In many communities, the cameras stay up only because they produce revenue from traffic tickets, McSweeney said.

“This is something the people of the state of Illinois are fed up with,” he said. “We need to ban these red light cameras.”

Rep. Jack Franks, D-Marengo, concurred, saying he regretted his vote several years ago to allow the cameras.

“I was lied to; I was duped,” he said.

“Folks, understand these arguments are all about money and not about safety,” Franks said.

Rep. Anthony DeLuca, D-Chicago Heights, opposed the bill.

First, he said, the cameras have no impact on people who obey traffic laws.

And, he said, it was bad policy to be talking about any revenue reductions for non-home rule communities, which are very limited in how they can raise money, at a time when Gov. Bruce Rauner is proposing reducing state aid to local government.

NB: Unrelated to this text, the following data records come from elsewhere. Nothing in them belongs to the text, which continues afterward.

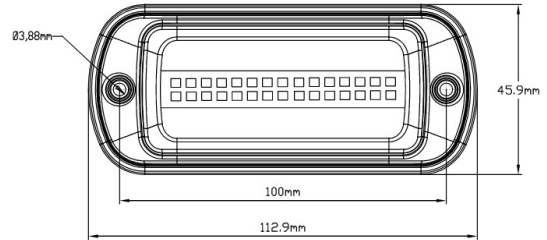

## Spezifikationen

Abmessungen	113 mm x 46 mm x 18 mm	EMC R10	Ja
Anschluss	Offene Kabelenden	Farbe	Blau
Anzahl der Blitzmuster	1	Farbe Linse	Blau
Anzahl der LEDs	30	Geliefert mit	Befestigungsschrauben, Dichtung
Befestigung	Oberflächenmontage	Gewicht (kg)	0,200 Kg
Bestellbar per	1	IP-Schutzart	IP6K9K
Betriebsspannung	12V - 24V	Lichtquelle	LED
Betriebstemperatur	-40°C / +50°C	Länge des Kabels (m)	3 m
ECE R65 Klasse 1	Ja	Modell	Rechteckig/lang/langgestreckt
EMC	EMC R10	Synchronisierbar	Nein

DeLuca also argued the cameras are non-discriminatory and don’t lead to escalation of conflict between officers and citizens.

“You could even make the argument these people are protecting people in certain situations,” he said.

The cameras also free police officers for crime-fighting tasks, he and other bill opponents argued.

But red light camera critics, former prosecutors among them, said the cameras yield a system short on due process.

Rep. Steve Andersson, R-Geneva, said owners of the cars, not necessarily the drivers, automatically get the tickets from the cameras.

And actually getting the tickets into state court to be fought there is more expensive than just paying the fine in municipal traffic court, he and others said.

“Red light cameras are unsafe, unfair and unnecessary,” said Rep. Peter Breen, R-Lombard.

Breen said the red light cameras are “ticky tack” law enforcement and ultimately reduce respect for the law.

Rep. Scott Drury, D-Highwood, a former federal prosecutor, said of the prosecution of red light camera tickets, “the way it’s  set up, it’s completely stacked against the citizen.”

Rep. Joe Sosnowski, R-Rockford, said he used to support the red light camera concept on the belief the cameras would reduce serious-injury accidents.

“That’s the last thing they’ve done,” he said, calling the cameras “a failed experiment in Illinois.”

The 1970 state constitution allows for home rule, which moves more decision-making power from the state government to local governments. Municipalities of more than 25,000 automatically have home-rule status, while smaller communities can put the question to voters to decide.

Home rule units of government have more autonomy in many areas, including finances. Generally, there are two questions to determine whether home rule powers can be applied: Is the matter purely local and has regulation been preempted by the state.